Work item ▸ Copy the entries word for word. Keep the pictures out.

- - - - - - -

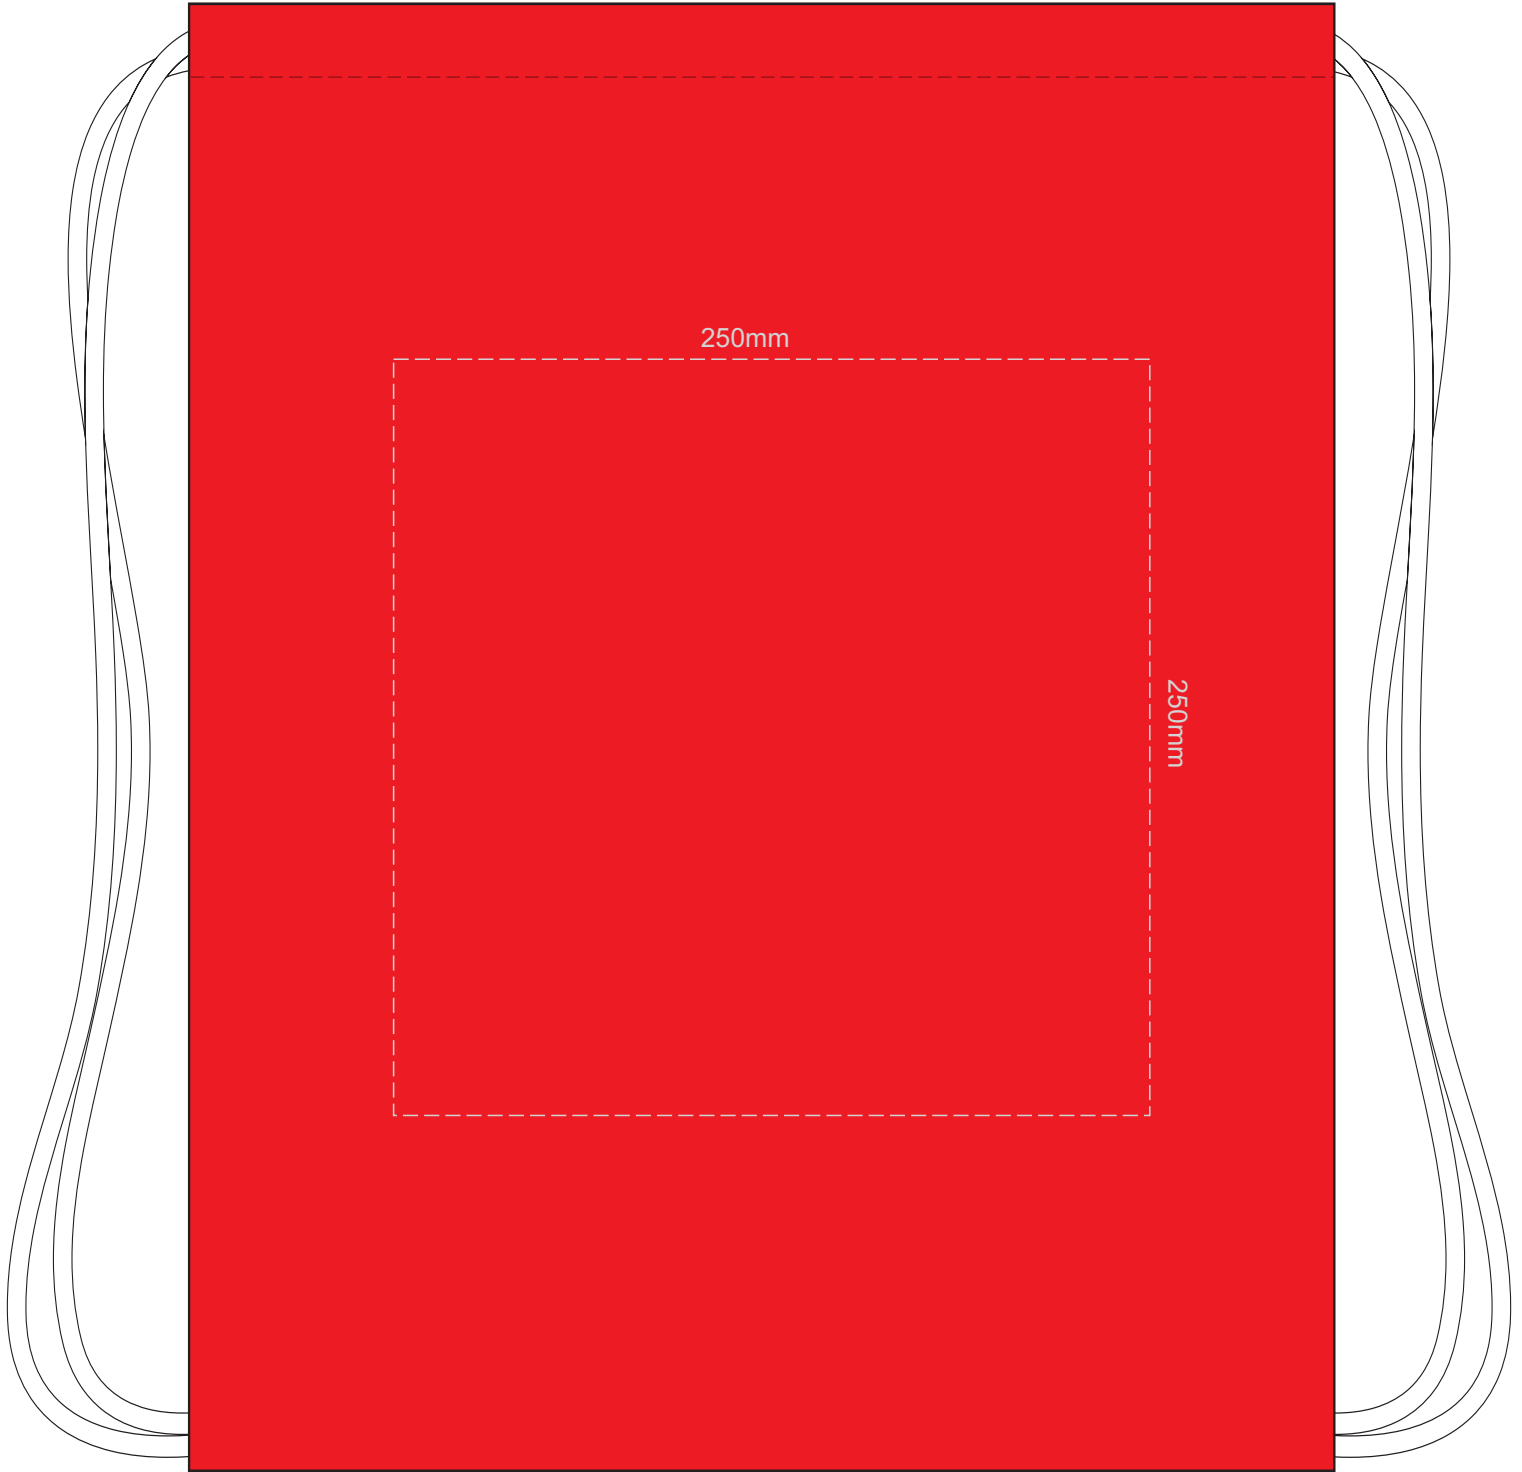

BAG	HANDLE

40% of Actual Size
Screen Print

BAG	HANDLE

40% of Actual Size
Colourflex Transfer

Please note the orientation of these print areas may be rotated to best suit your needs.

- - - - - - -

Answer space ▸
BAG	HANDLE

40% of Actual Size
Screen Print

BAG	HANDLE

40% of Actual Size
Colourflex Transfer

Please note the orientation of these print areas may be rotated to best suit your needs.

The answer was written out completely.